[[ INFORMATION SHOWN, beginning ]]
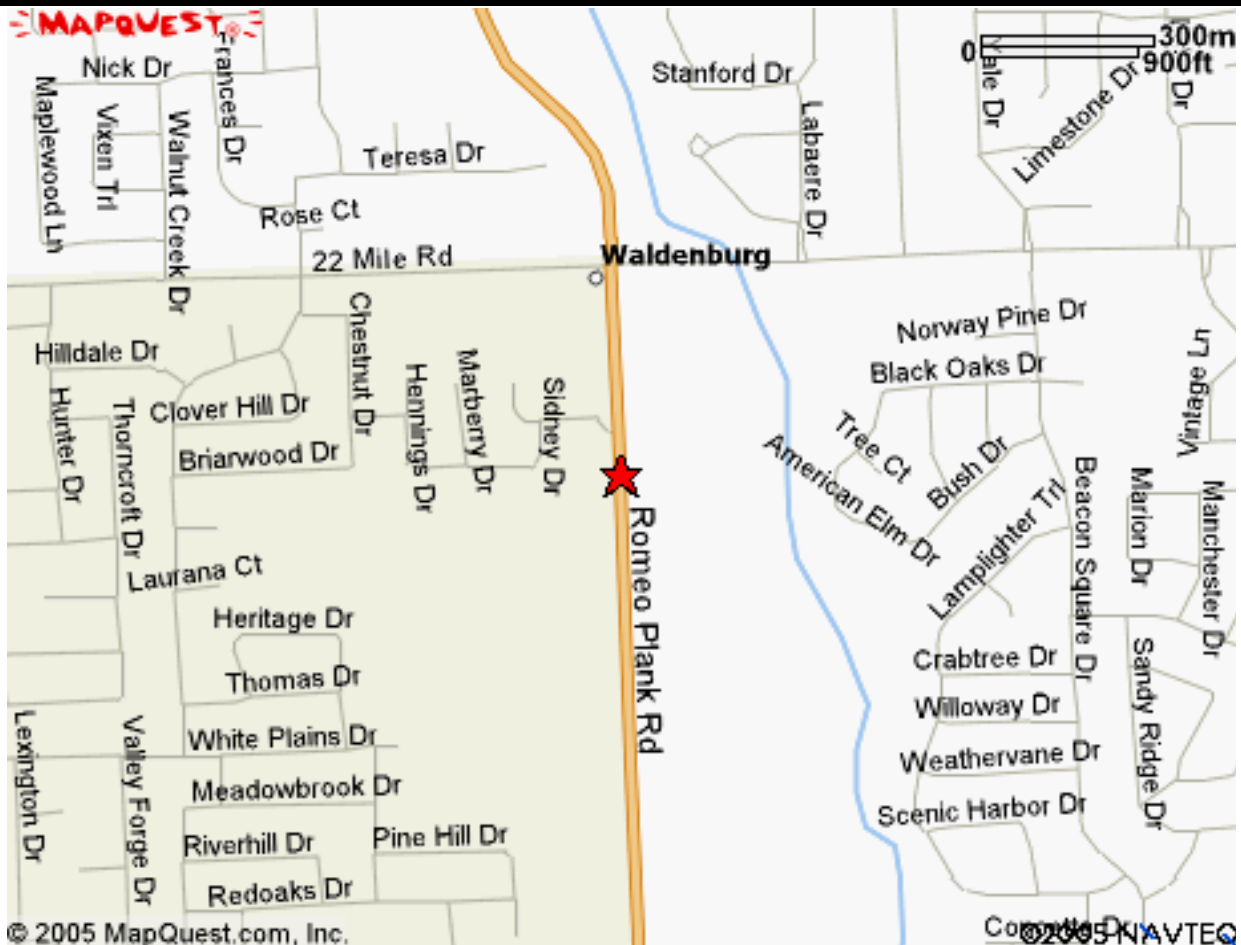

# Iroquois Middle School

*48301 Romeo Plank Road*

*From Middle School South:*

- 1. Starting on Jefferson, continue on Shook*
- 2. Turn Left onto I-94 East*
- 3. Take Exit 241—21 Mile Road, turn slight left to take the 21 Mile Road WEST ramp*
- 4. Turn Left onto 21 Mile Road*
- 5. Turn Right onto Romeo Plank—about 0.7 Miles down*
[[ INFORMATION SHOWN, end ]]
ABOUT THIS EXERCISE> Check each line above for the string "onto" and show the ones that have it.

EXERCISE ANSWER>
- 2. Turn Left onto I-94 East*
- 4. Turn Left onto 21 Mile Road*
- 5. Turn Right onto Romeo Plank—about 0.7 Miles down*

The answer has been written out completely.